Что же остается от «доброй цели», если «прав пророк» со своей «хор-р-рошей батареей»? Вот с такими внутренними целями конечный результат предопределен. Непредвиденное, «нечаянное» оказалось закономерным. Раскольников пожинает то, что сам посеял. Если начинаешь дело с лозунгом «Да здравствует вековечная война!» – то и получишь в конце концов всеобщее взаимоистребление (пусть пока в бредовых снах). Если больше всех прав тот, кто больше всех может посметь, на большее плюнуть, то все и будут стремиться все посметь, все и станут на все плевать. Что написано таким пером, и должно доделываться топором. Здесь – соответствие полное. «Вековечная война» – и цель, и средство, и результат. После этого не скажешь: «Я этого не хотел! Я не этого хотел!»
И «миллионы», не нужные Ивану Карамазову, как и Раскольникову, суть гроши по сравнению с идеей «все позволено», с идеей «крови по совести». Тут уже об инквизиторском «гонораре» речь…
Единственным средством для получения прав на «все позволено» и может быть только само это право. Оно само себя доказывает, само себя творит. Не есть ли оно самоцель, осуществляющая себя как таковую? Раскольников вынужден признать эту логику, отнюдь не осуждая ее, а, наоборот, возвеличивая, отнюдь не сдаваясь, а даже наступая. Он признается себе «гордо и самоуверенно»: «Сила нужна, сила; без силы ничего не возьмешь; а силу надо добывать силой же…»

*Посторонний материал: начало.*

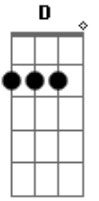

© ukulele-chords.com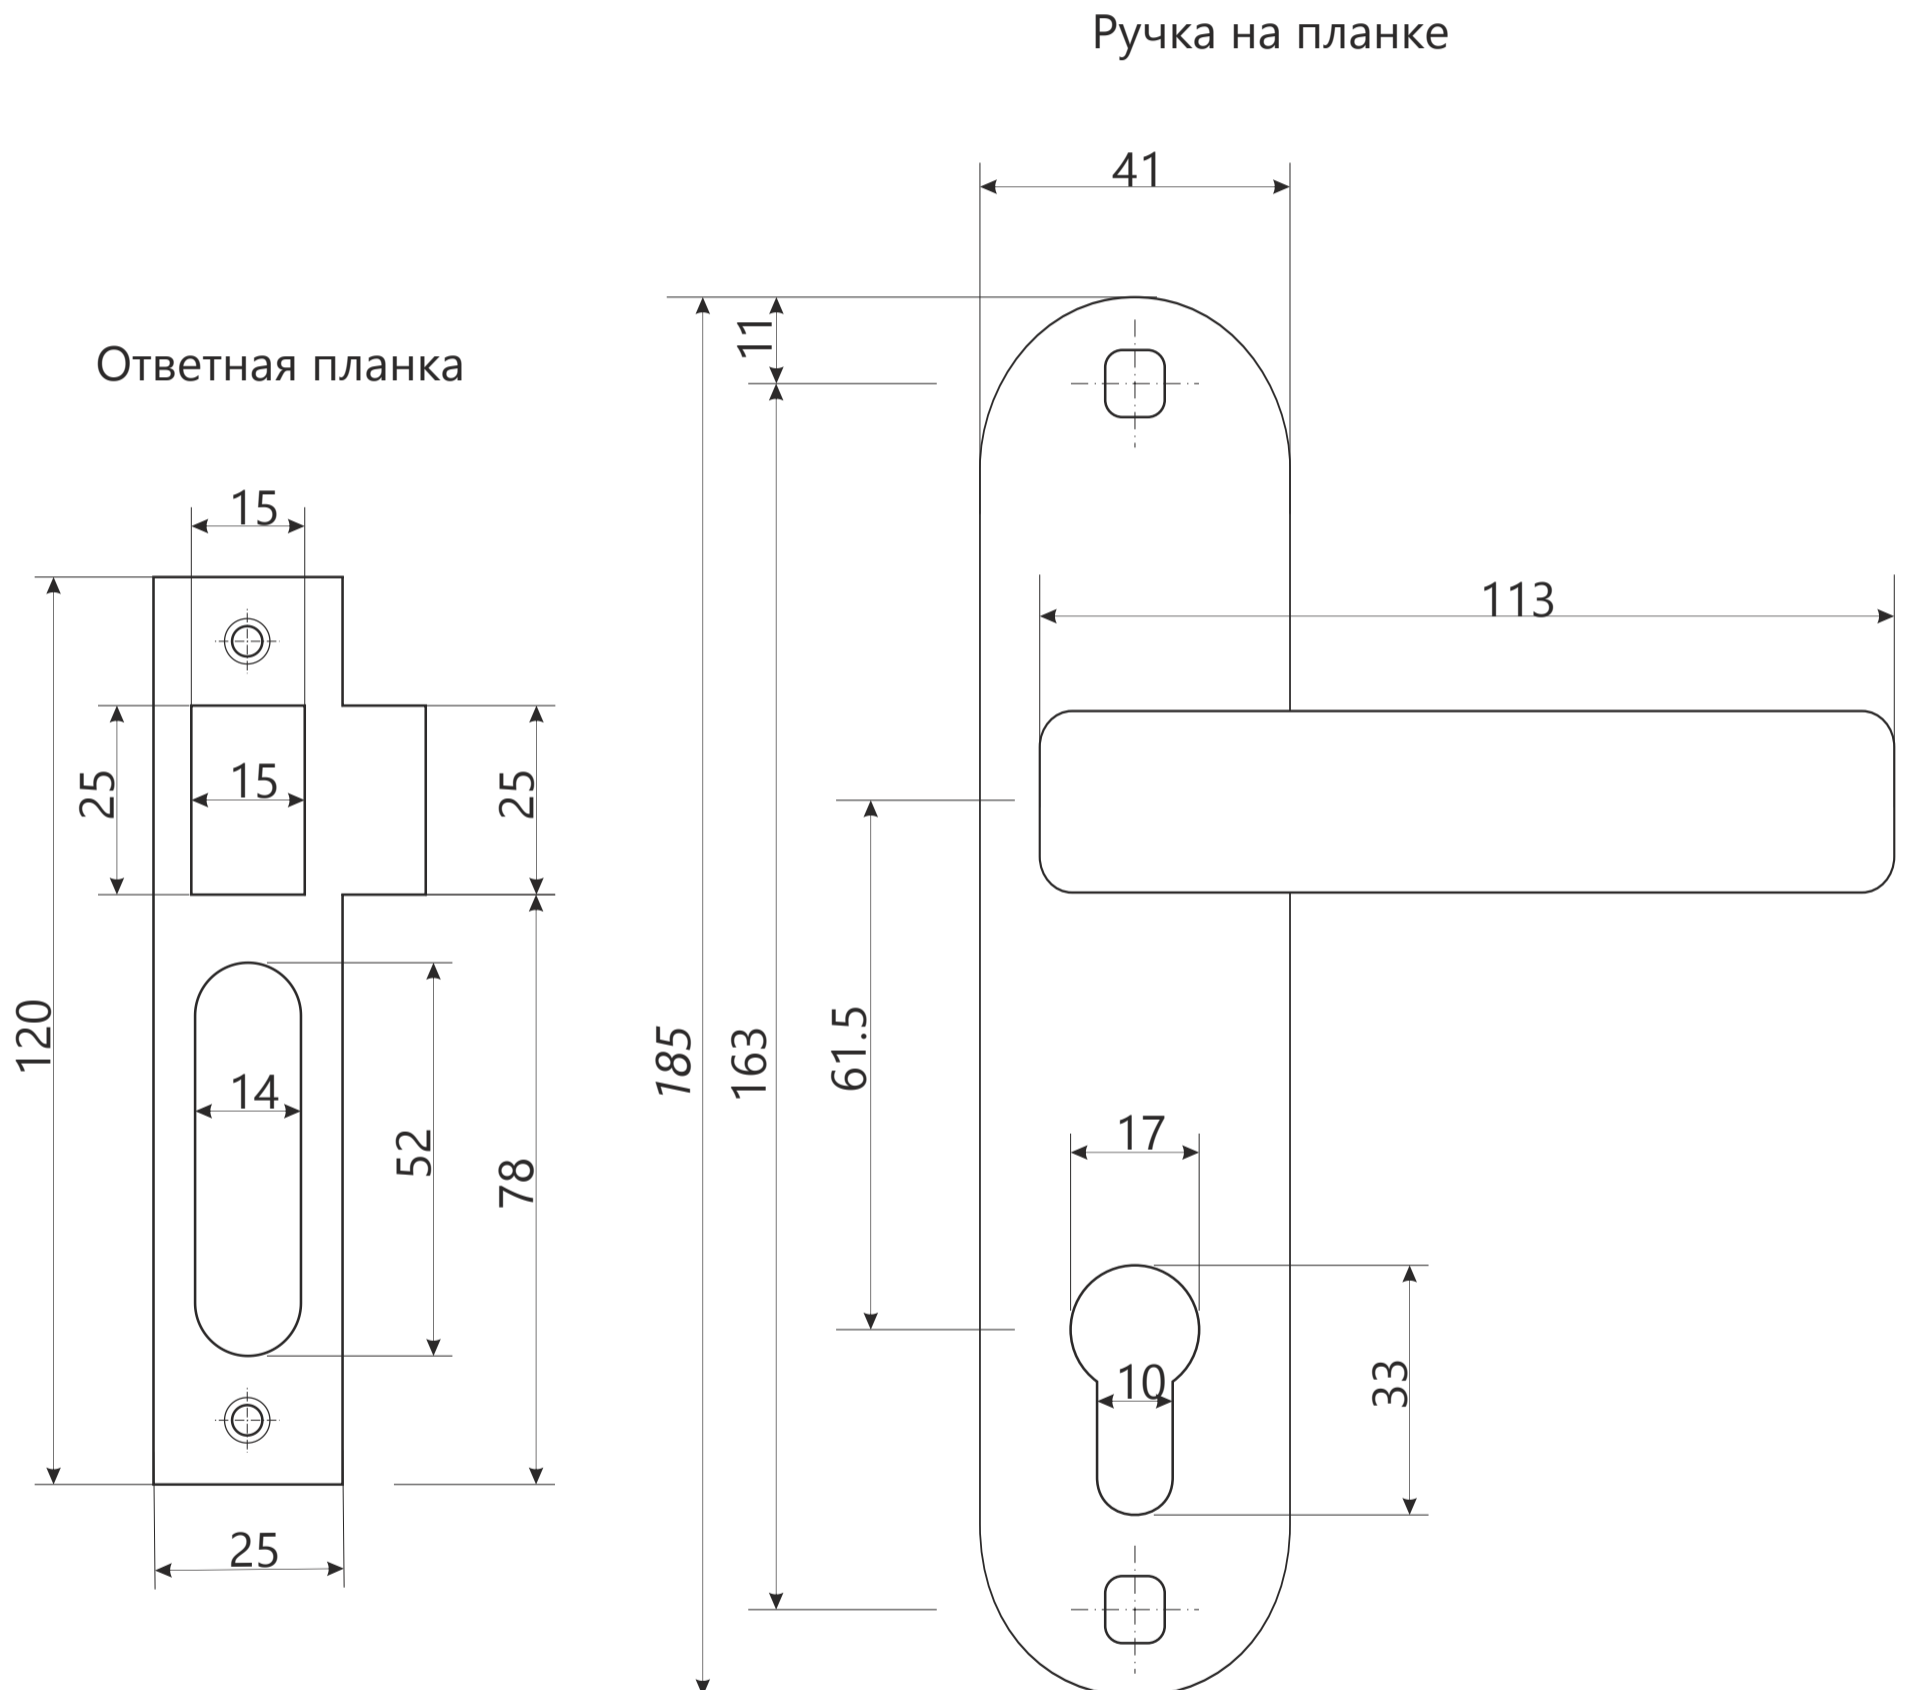

Замок врезной Avers 1023

Замок врезной Avers 1023

разрезной квадрат 8x8

стяжка, 2шт

Не столь уж благими – совсем не благими! – намерениями вымощена дорога в ад, как вначале казалось. Выходит, известное «бонмо» не столь глубоко, сколь остроумно, да и остроумие-то это лишь скрывает глубину истины, искажает ее.
«Еще хорошо, – говорит Порфирий, – что вы старушонку только убили. А выдумай вы другую теорию, так, пожалуй, еще и в сто миллионов раз безобразнее дело бы сделали!» Но сам Достоевский – как художник – и реализует возможность, даже неизбежность такого финала уже из этой теории – в последних снах Раскольникова.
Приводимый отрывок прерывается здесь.